## Provided data:
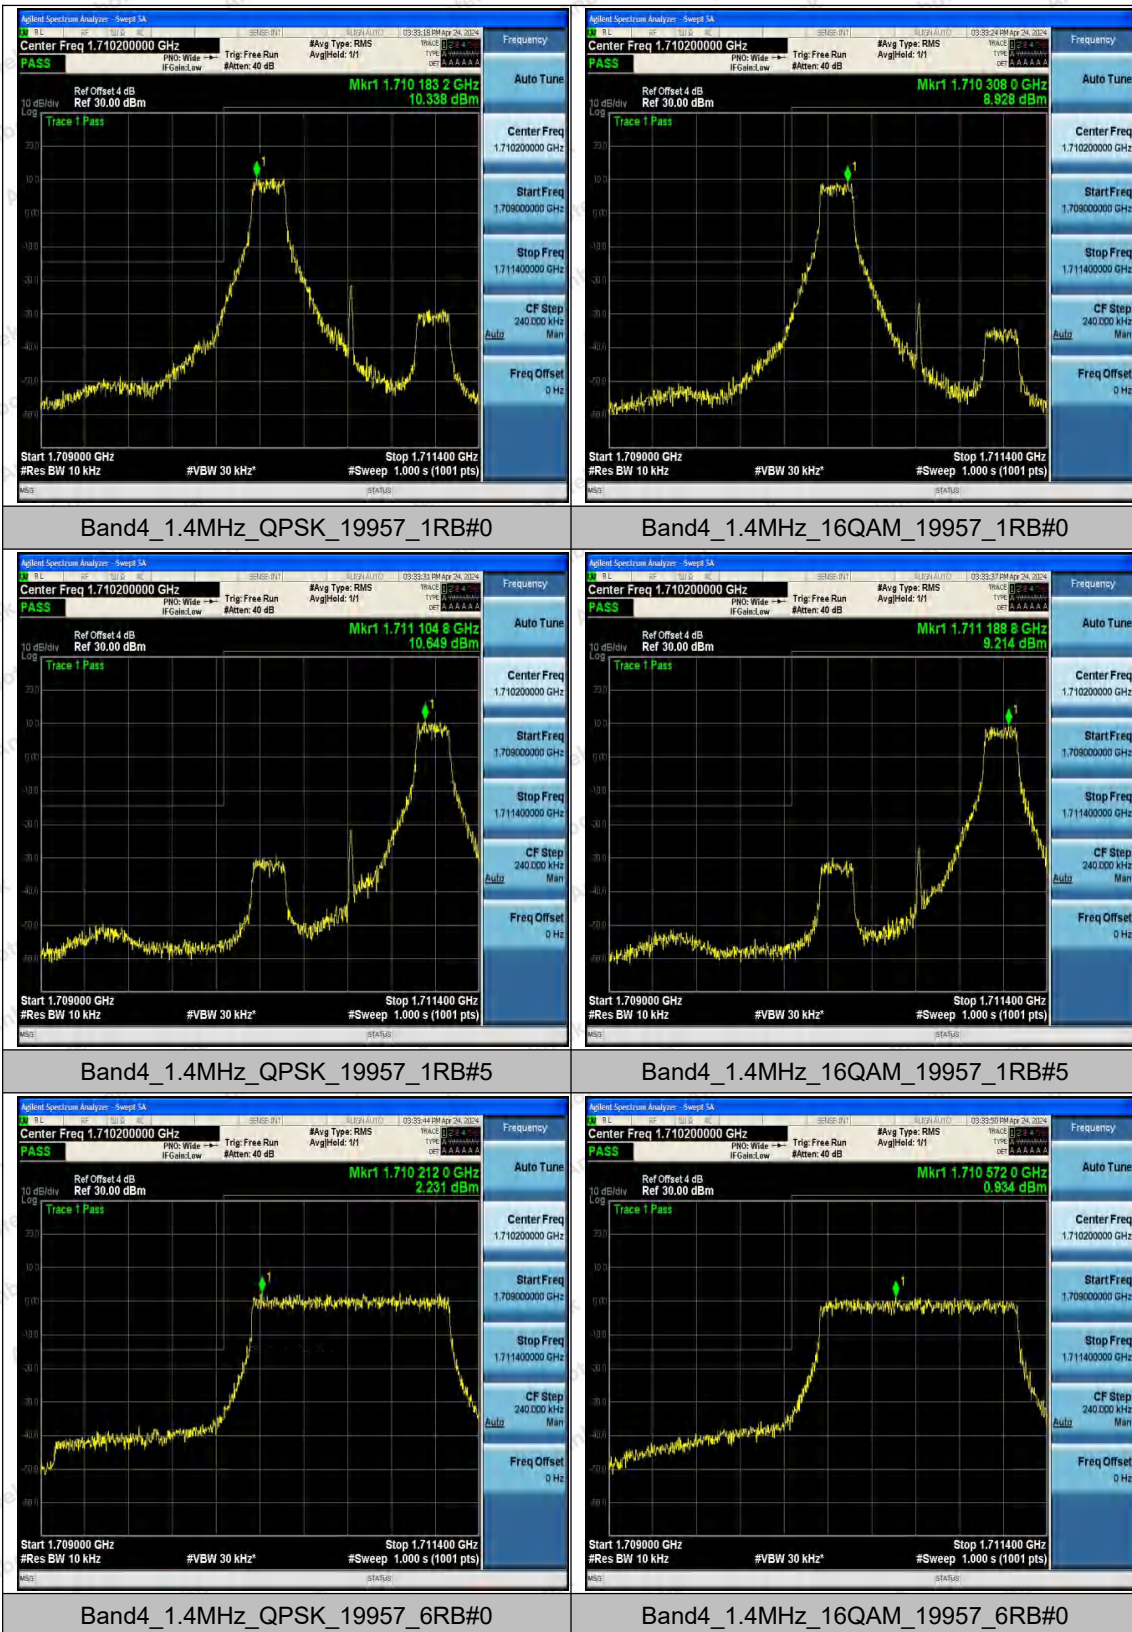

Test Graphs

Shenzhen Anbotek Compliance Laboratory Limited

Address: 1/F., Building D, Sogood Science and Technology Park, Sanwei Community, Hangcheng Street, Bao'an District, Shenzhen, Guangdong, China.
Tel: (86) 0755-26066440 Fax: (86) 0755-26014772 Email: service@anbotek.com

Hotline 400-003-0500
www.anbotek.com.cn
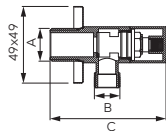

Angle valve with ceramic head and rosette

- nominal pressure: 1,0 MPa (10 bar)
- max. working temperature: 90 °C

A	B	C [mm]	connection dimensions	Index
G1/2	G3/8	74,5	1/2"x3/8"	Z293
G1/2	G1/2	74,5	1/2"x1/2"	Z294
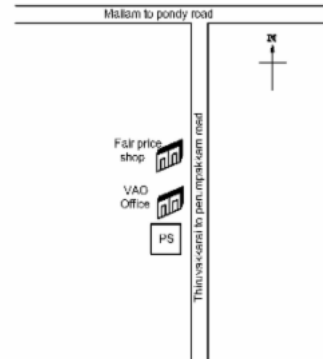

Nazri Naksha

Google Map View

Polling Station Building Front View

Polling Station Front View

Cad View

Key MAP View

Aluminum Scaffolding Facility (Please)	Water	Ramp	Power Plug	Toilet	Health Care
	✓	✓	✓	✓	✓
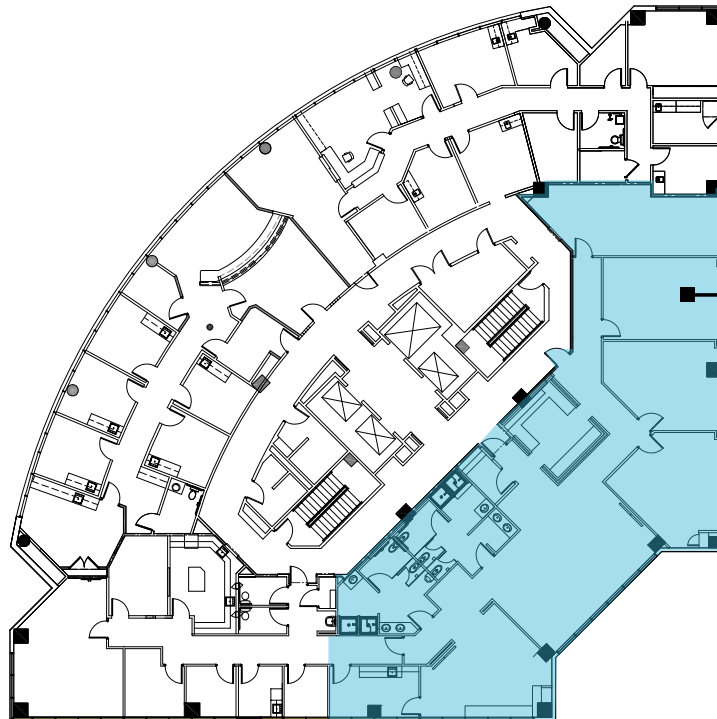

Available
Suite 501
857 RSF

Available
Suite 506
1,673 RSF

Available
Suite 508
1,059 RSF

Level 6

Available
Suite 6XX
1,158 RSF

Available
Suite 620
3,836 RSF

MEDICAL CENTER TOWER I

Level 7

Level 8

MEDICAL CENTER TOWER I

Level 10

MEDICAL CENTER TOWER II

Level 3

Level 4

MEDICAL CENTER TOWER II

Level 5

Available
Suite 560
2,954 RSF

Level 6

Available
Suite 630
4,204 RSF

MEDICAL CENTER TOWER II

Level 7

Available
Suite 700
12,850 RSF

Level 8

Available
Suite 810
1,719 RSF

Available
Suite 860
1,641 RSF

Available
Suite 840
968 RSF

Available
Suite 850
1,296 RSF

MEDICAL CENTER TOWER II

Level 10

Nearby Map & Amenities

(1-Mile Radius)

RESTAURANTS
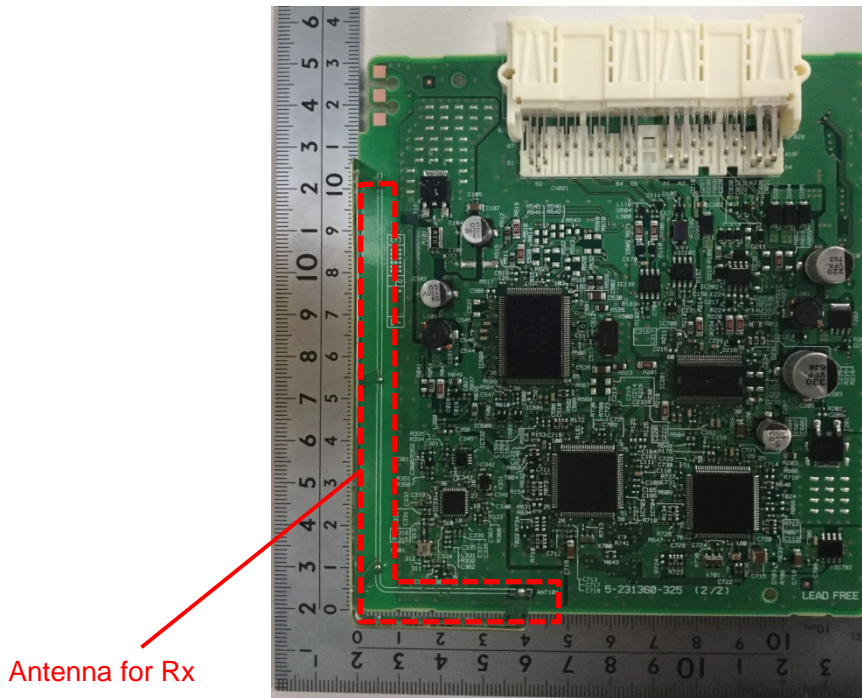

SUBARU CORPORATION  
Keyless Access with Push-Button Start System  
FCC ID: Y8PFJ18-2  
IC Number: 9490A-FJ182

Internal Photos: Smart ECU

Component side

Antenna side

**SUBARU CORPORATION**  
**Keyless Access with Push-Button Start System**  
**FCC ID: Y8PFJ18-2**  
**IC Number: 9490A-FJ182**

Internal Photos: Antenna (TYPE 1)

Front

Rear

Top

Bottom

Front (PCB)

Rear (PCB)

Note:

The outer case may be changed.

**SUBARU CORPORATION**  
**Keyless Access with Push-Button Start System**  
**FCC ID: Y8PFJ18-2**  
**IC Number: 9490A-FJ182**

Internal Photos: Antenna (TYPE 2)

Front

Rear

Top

## Problem statement:
Output the listing above exactly as it stands; no picture should appear.

## Expected answer:
Test Graphs

Shenzhen Anbotek Compliance Laboratory Limited

Address: 1/F., Building D, Sogood Science and Technology Park, Sanwei Community, Hangcheng Street, Bao'an District, Shenzhen, Guangdong, China.
Tel: (86) 0755-26066440 Fax: (86) 0755-26014772 Email: service@anbotek.com

Hotline 400-003-0500
www.anbotek.com.cn

Angle valve with ceramic head and rosette

- nominal pressure: 1,0 MPa (10 bar)
- max. working temperature: 90 °C

A	B	C [mm]	connection dimensions	Index
G1/2	G3/8	74,5	1/2"x3/8"	Z293
G1/2	G1/2	74,5	1/2"x1/2"	Z294

Nazri Naksha

Google Map View

Polling Station Building Front View

Polling Station Front View

Cad View

Key MAP View

Aluminum Scaffolding Facility (Please)	Water	Ramp	Power Plug	Toilet	Health Care
	✓	✓	✓	✓	✓

Available
Suite 501
857 RSF

Available
Suite 506
1,673 RSF

Available
Suite 508
1,059 RSF

Level 6

Available
Suite 6XX
1,158 RSF

Available
Suite 620
3,836 RSF

MEDICAL CENTER TOWER I

Level 7

Level 8

MEDICAL CENTER TOWER I

Level 10

MEDICAL CENTER TOWER II

Level 3

Level 4

MEDICAL CENTER TOWER II

Level 5

Available
Suite 560
2,954 RSF

Level 6

Available
Suite 630
4,204 RSF

MEDICAL CENTER TOWER II

Level 7

Available
Suite 700
12,850 RSF

Level 8

Available
Suite 810
1,719 RSF

Available
Suite 860
1,641 RSF

Available
Suite 840
968 RSF

Available
Suite 850
1,296 RSF

MEDICAL CENTER TOWER II

Level 10

Nearby Map & Amenities

(1-Mile Radius)

RESTAURANTS

SUBARU CORPORATION  
Keyless Access with Push-Button Start System  
FCC ID: Y8PFJ18-2  
IC Number: 9490A-FJ182

Internal Photos: Smart ECU

Component side

Antenna side

**SUBARU CORPORATION**  
**Keyless Access with Push-Button Start System**  
**FCC ID: Y8PFJ18-2**  
**IC Number: 9490A-FJ182**

Internal Photos: Antenna (TYPE 1)

Front

Rear

Top

Bottom

Front (PCB)

Rear (PCB)

Note:

The outer case may be changed.

**SUBARU CORPORATION**  
**Keyless Access with Push-Button Start System**  
**FCC ID: Y8PFJ18-2**  
**IC Number: 9490A-FJ182**

Internal Photos: Antenna (TYPE 2)

Front

Rear

Top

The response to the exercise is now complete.